(Beginning of RECORDS FOR THIS EXERCISE)

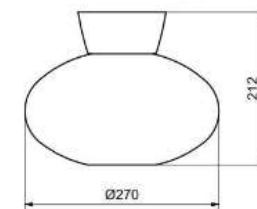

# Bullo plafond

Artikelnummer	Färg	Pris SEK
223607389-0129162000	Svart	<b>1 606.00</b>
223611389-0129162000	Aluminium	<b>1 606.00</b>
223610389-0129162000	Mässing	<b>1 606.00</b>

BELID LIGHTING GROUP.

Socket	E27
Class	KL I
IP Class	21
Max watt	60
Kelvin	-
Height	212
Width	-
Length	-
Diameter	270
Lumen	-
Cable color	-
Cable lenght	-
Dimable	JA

(End of RECORDS FOR THIS EXERCISE)

### EXERCISE BRIEF
Copy out every line of the data exactly, leaving the images behind.

### ANSWER TO THE EXERCISE
# Bullo plafond

Artikelnummer	Färg	Pris SEK
223607389-0129162000	Svart	<b>1 606.00</b>
223611389-0129162000	Aluminium	<b>1 606.00</b>
223610389-0129162000	Mässing	<b>1 606.00</b>

BELID LIGHTING GROUP.

Socket	E27
Class	KL I
IP Class	21
Max watt	60
Kelvin	-
Height	212
Width	-
Length	-
Diameter	270
Lumen	-
Cable color	-
Cable lenght	-
Dimable	JA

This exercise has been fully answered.